*** Block opens ***

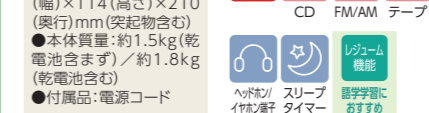

TY-CDM2

○ホワイト(W)
CDラジオカセットレコーダー

オープン価格 ●外形寸法:228(幅)×110(高さ)×205(奥行)mm(突起物含まず) / 228(幅)×114(高さ)×210(奥行)mm(突起物含む) ●本体質量:約1.5kg(乾電池含まず) / 約1.8kg(乾電池含む) ●付属品:電源コード

*** Block closes ***

Give back the data exactly, with no images.

TY-CDM2

○ホワイト(W)
CDラジオカセットレコーダー

オープン価格 ●外形寸法:228(幅)×110(高さ)×205(奥行)mm(突起物含まず) / 228(幅)×114(高さ)×210(奥行)mm(突起物含む) ●本体質量:約1.5kg(乾電池含まず) / 約1.8kg(乾電池含む) ●付属品:電源コード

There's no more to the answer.